Je le reprends aujourd'hui parce qu'il contient des éléments qui peuvent être utiles pour bâtir un enseignement de qualité.
1ère partie : la tribune publiée dans le Monde
« Nul ne peut le contester, l'école française va mal. Depuis de longues années, des élèves sortent du système scolaire sans diplôme, certains maîtrisent à peine les notions de base et – fait très inquiétant – les inégalités ne cessent de croître.
Dans ce contexte, la vieille querelle entre anciens et modernes paraît dérisoire car elle est dépassée. En effet, comment peut-on encore défendre des méthodes qui ont pu donner satisfaction dans le passé lorsque le but premier de l'école primaire était de conduire les élèves au certificat d'études et lorsque la plupart des gens faisaient le même métier toute leur vie ?
Depuis un siècle, la société a changé et il paraît naturel que l'école évolue avec elle. Mais cela doit se faire sur une ligne claire : il ne s'agit pas de reproduire dans l'école les travers du système dominant mais il faut donner à chaque élève, quel que soit son milieu social, les outils qui lui permettront de vivre le mieux possible dans un monde changeant.

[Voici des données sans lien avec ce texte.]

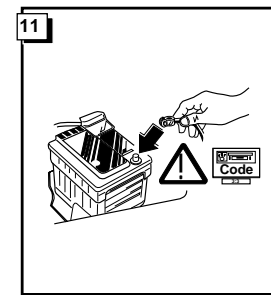

* Fig. 6 ist für Fahrzeuge mit Sprache.
* Fig. 6 est pour véhicules avec synthèse de parole.

* Fig. 6 is for vehicle with voice.
* Fig. 6 is voor voertuigen met spraak.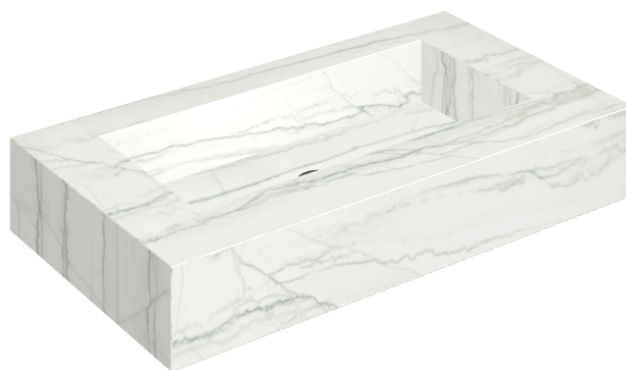

SCHEDA DI CONFIGURAZIONE

Cod. art.: 620810000002

Fly

Washbasin 90

Rivestimento del
prodotto

Charme Advance
Platinum White Matt

I colori e le altre caratteristiche estetiche delle piastrelle presenti nelle illustrazioni presenti sul sito sono puramente indicativi. Guarda sempre i campioni di persona prima dell'acquisto.

L'école de Jules Ferry a permis de sortir les jeunes Français de l'illettrisme parce qu'elle était obligatoire et gratuite. Est-elle parvenue à donner les mêmes chances à tous les élèves qui l'ont fréquentée depuis cent trente ans ? Hélas, non, car quelques exemples de réussites d'enfants issus de familles modestes et accédant à des postes importants ne constituent pas une règle.
Cette école du passé produisait moins d'exclusions que celle d'aujourd'hui. Le mérite n'en revient pas aux méthodes d'autrefois, axées sur le par cœur et la répétition, il provient du fait que la société était alors différente : l'école primaire avait pour but de mener le plus grand nombre d'élèves au certificat d'études, une petite minorité (10% pour ceux de ma génération) allait au collège puis au lycée. Cet objectif modeste a conduit à maintenir pendant un siècle les clivages sociaux.
Il est du devoir de chaque enseignant d’examiner la situation avec courage. Ne nous masquons pas la vérité : actuellement la moitié des jeunes Français n’atteignent pas le niveau du certificat d’études, un tiers seulement des élèves suivent normalement dans nos classes.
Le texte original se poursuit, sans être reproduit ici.